Xu S, Vogl C
Department of Botany and Plant Sciences, University of California, Riverside 92521, USA.
Heredity (Edinb). 2000 May;84 ( Pt 5):525-37. doi: 10.1046/j.1365-2540.2000.00653.x.
Selective genotyping is a cost-saving strategy in mapping quantitative trait loci (QTLs). When the proportion of individuals selected for genotyping is low, the majority of the individuals are not genotyped, but their phenotypic values, if available, are still included in the data analysis to correct the bias in parameter estimation. These ungenotyped individuals do not contribute much information about linkage analysis and their inclusion can substantially increase the computational burden. For multiple trait analysis, ungenotyped individuals may not have a full array of phenotypic measurements. In this case, unbiased estimation of QTL effects using current methods seems to be impossible. In this study, we develop a maximum likelihood method of QTL mapping under selective genotyping using only the phenotypic values of genotyped individuals. Compared with the full data analysis (using all phenotypic values), the proposed method performs well. We derive an expectation-maximization (EM) algorithm that appears to be a simple modification of the existing EM algorithm for standard interval mapping. The new method can be readily incorporated into a standard QTL mapping software, e.g. MAPMAKER. A general recommendation is that whenever full data analysis is possible, the full maximum likelihood analysis should be performed. If it is impossible to analyse the full data, e.g. sample sizes are too large, phenotypic values of ungenotyped individuals are missing or composite interval mapping is to be performed, the proposed method can be applied.

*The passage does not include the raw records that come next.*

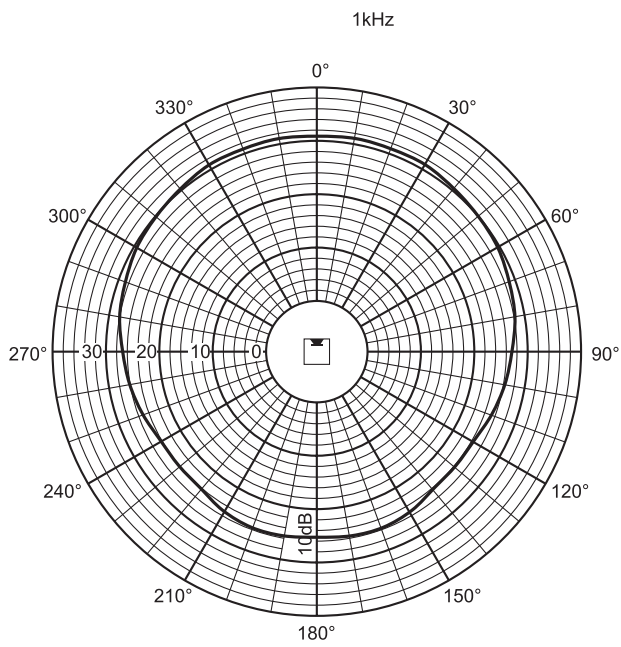

Akustinen suorituskyky määritetty oktaavia kohti

Vaakasuuntakuvi

Pystysuuntakuvi

Suuntakuvi (vaaka)

Suuntakuvi (pysty)

Suuntakuviio (vaaka)

Suuntakuviio (vaaka)

Suuntakuviio (pysty)

\* Tekniset suorituskykytiedot standardin IEC 60268-5 mukaisesti

**Mekaaniset tiedot**

Mitat (K x L x S)	600 x 80 x 90 mm
Paino	3 kg
Väri	Vaaleanharmaa (sama kuin RAL 9022)

**Käyttöympäristötiedot**

Käyttölämpötila	-25...+55 °C
Säilytyslämpötila	-40...+70 °C
Suhteellinen kosteus	<95 %

选择性基因分型是一种在定位数量性状基因座(QTL)时节省成本的策略。当选择进行基因分型的个体比例较低时,大多数个体未进行基因分型,但如果有其表型值,仍会将其纳入数据分析以校正参数估计中的偏差。这些未基因分型的个体对连锁分析贡献的信息不多,将它们纳入会大幅增加计算负担。对于多性状分析,未基因分型的个体可能没有完整的表型测量数据。在这种情况下,使用当前方法似乎无法无偏估计QTL效应。在本研究中,我们开发了一种仅使用已基因分型个体的表型值在选择性基因分型下进行QTL定位的最大似然方法。与全数据分析(使用所有表型值)相比,该方法表现良好。我们推导了一种期望最大化(EM)算法,它似乎是对现有用于标准区间定位的EM算法的简单修改。新方法可轻松整合到标准QTL定位软件中,例如MAPMAKER。一般建议是,只要有可能进行全数据分析,就应进行全最大似然分析。如果无法分析全数据,例如样本量过大、未基因分型个体的表型值缺失或要进行复合区间定位,就可以应用所提出的方法。